Art and Utopia

The Costakis collection represents in chronological order, from approximately 1910 – 30, almost all the artists who have been associated with the Russian avant–garde in one way or the other, and whose work reflect the ideological and formal quests of their age. Very well represented are Kasimir Malevich, Vladimir Tatlin, El Lissitsky, Liubov Popova, Olga Rozanova, Nadeshda Udaltsova, Alexandr Rodchenko, Solomon Nikritin, Ivan Kliun, Gustav Klucis, Ilya Chashnik, Boris Ender, Alexandr Drevin, Ivan Kudriashev, Antonia Sofronova, Konstantin Vialov, and many others who form a unified and diverse whole, representing a real challenge for the future researcher to rewrite the “continuation” of a multifaceted and intensely problematic history of art.

The works of some of the artists, like Popova, Kliun or Klucis, who are each represented with anything between sixty to a hundred works, could constitute a complete collection on their own. It has become clear that the essential aims of the State Museum of Contemporary Art will be the creation of proper conditions for the unrestricted study of this massive amount of material, connecting the Museum with the University and specifically with the department of History of Art for the benefit of students and post-graduate researchers, the improvement of the collection’s maintenance an cataloging, and the development of relations between European and American research institutions and art foundations.

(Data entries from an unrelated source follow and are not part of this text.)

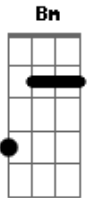

© ukulele-chords.com
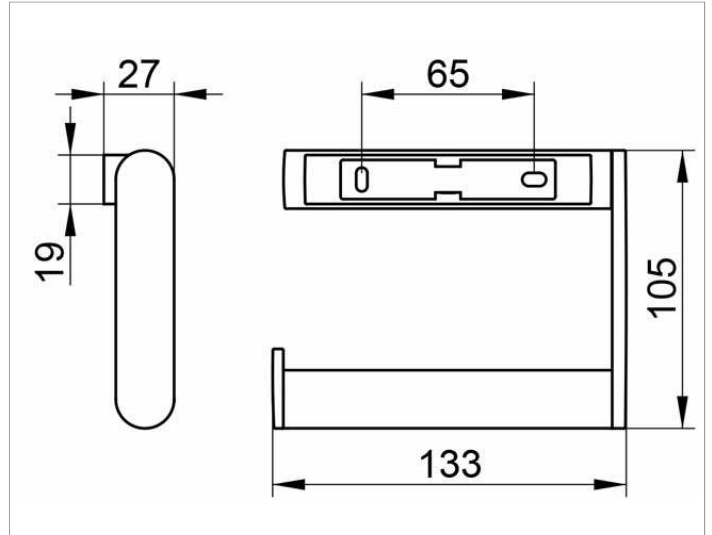

Plan
14962010000 Toilet paper holder

PRODUCT

DRAWING

PRODUCT ATTRIBUTES

open form
for 100/120 mm wide paper rolls

SURFACE

chrome-plated

SPECIFICATIONS

KEUCO PLAN toilet paper holder 14962010000
chrome-plated toilet paper holder in a stylish yet functional design
open form
suitable for 100/120 mm wide toilet rolls
width 133 mm, height 105 mm, projection 27 mm
The toilet paper holder is fitted with 2 hidden fixing points
incl. corrosion-free mounting material
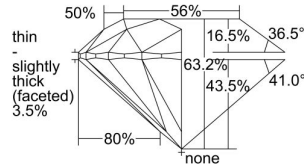

GIA®

FACSIMILE

GIA REPORT 5366097712

Verify this report at GIA.edu

GIA NATURAL DIAMOND DOSSIER®

September 25, 2020
GIA Report Number 5366097712
Shape and Cutting Style ..... Round Brilliant
Measurements ..... 5.87 - 5.93 x 3.73 mm

GRADING RESULTS

Carat Weight ..... 0.80 carat
Color Grade ..... K
Clarity Grade VS1
Cut Grade ..... Excellent

ADDITIONAL GRADING INFORMATION

Polish ..... Excellent
Symmetry ..... Very Good
Fluorescence ..... Faint
Clarity Characteristics..... Crystal, Feather, Cloud, Pinpoint
Inscription(s): GIA 5366097712

PROPORTIONS

Profile to actual proportions
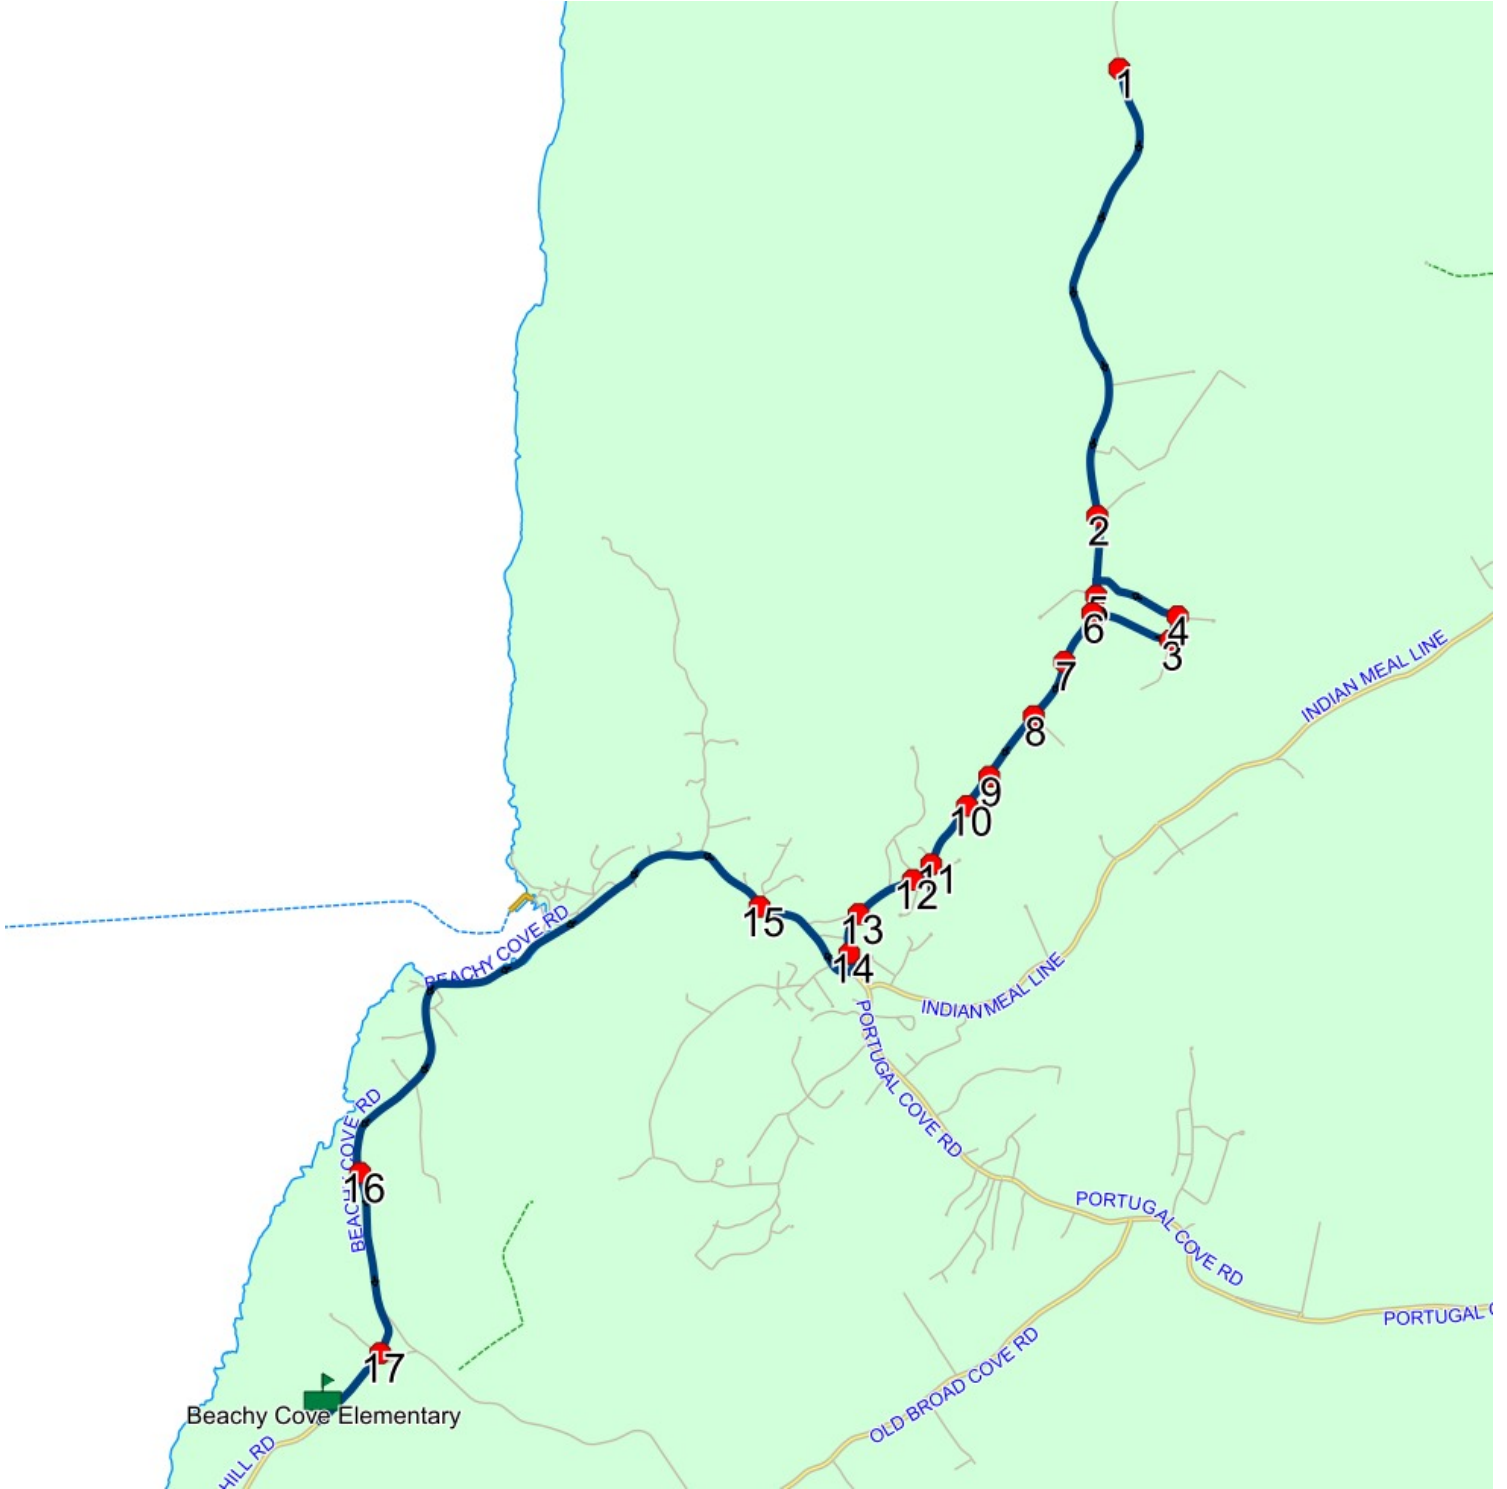

## Route: 23-168-1 Run: 23-168-1 AM

Route: 23-168-1

Operator: Executive Taxi Ltd.

Vehicle: 23-168-1

Description:

Schools: Beachy Cove Elementary (320)

Run: 23-168-1 AM

Schools: Beachy Cove Elementary

#	Arrival	Departure	Description
1		7:47 AM	#697 Bauline Line
2		7:51 AM	#361 Bauline Line
3		7:53 AM	CHESLEY VAN HTS & JERA ST
4	7:54 AM	7:55 AM	WOODLAND DR & JERA ST
5	7:56 AM	7:57 AM	BAULINE LINE & HIBBS PL
6	7:57 AM	7:58 AM	Bauline Line @ Chesley Van Hts
7	7:58 AM	7:59 AM	283 BAULINE LINE
8	7:59 AM	8:00 AM	BAULINE LINE & AUTUMN VALLEY RD
9		8:00 AM	168 BAULINE LINE
10	8:00 AM	8:01 AM	144 BAULINE LINE EXT; PORTUGAL COVE-ST PHILIPS; A1M
11		8:01 AM	Bauline Line @ Copperhead Rd
12	8:01 AM	8:02 AM	91 BAULINE LINE EXT
13		8:03 AM	BAULINE LINE EXT & LEGION RD; PORTUGAL COVE-ST. PHILIP'S <span style="float: right;">Effective: 2024-10-02</span>
14	8:03 AM	8:04 AM	13 BAULINE LINE
15		8:05 AM	1711 PORTUGAL COVE RD (KIDS KAMPUS/KIDKARE) <span style="float: right;">: 2027-03-30</span>
16		8:08 AM	231 BEACHY COVE RD
17	8:09 AM	8:10 AM	BEACHY COVE RD & PATRICIA DR; PORTUGAL COVE-ST. PHILIP'S
18	8:10 AM	8:13 AM	Beachy Cove Elementary Driveway

## Route: 23-168-1 Run: 23-168-1 PM

Route: 23-168-1

Operator: Executive Taxi Ltd.

Vehicle: 23-168-1

Description:

Schools: Beachy Cove Elementary (320)

Run: 23-168-1 PM

Schools: Beachy Cove Elementary

The works of the collection speak to us vividly about the radical changes that took place in the arts at a critical time in European history. They are the “masterpieces” of a collection that refers to key personalities of an era, to pioneering movements and artistic directions, social systems and complex, multifaceted developments that have all the hallmarks of a fascinating, revolutionary era.

Miltiades Papanikolaou, DIRECTOR OF S.M.C.A.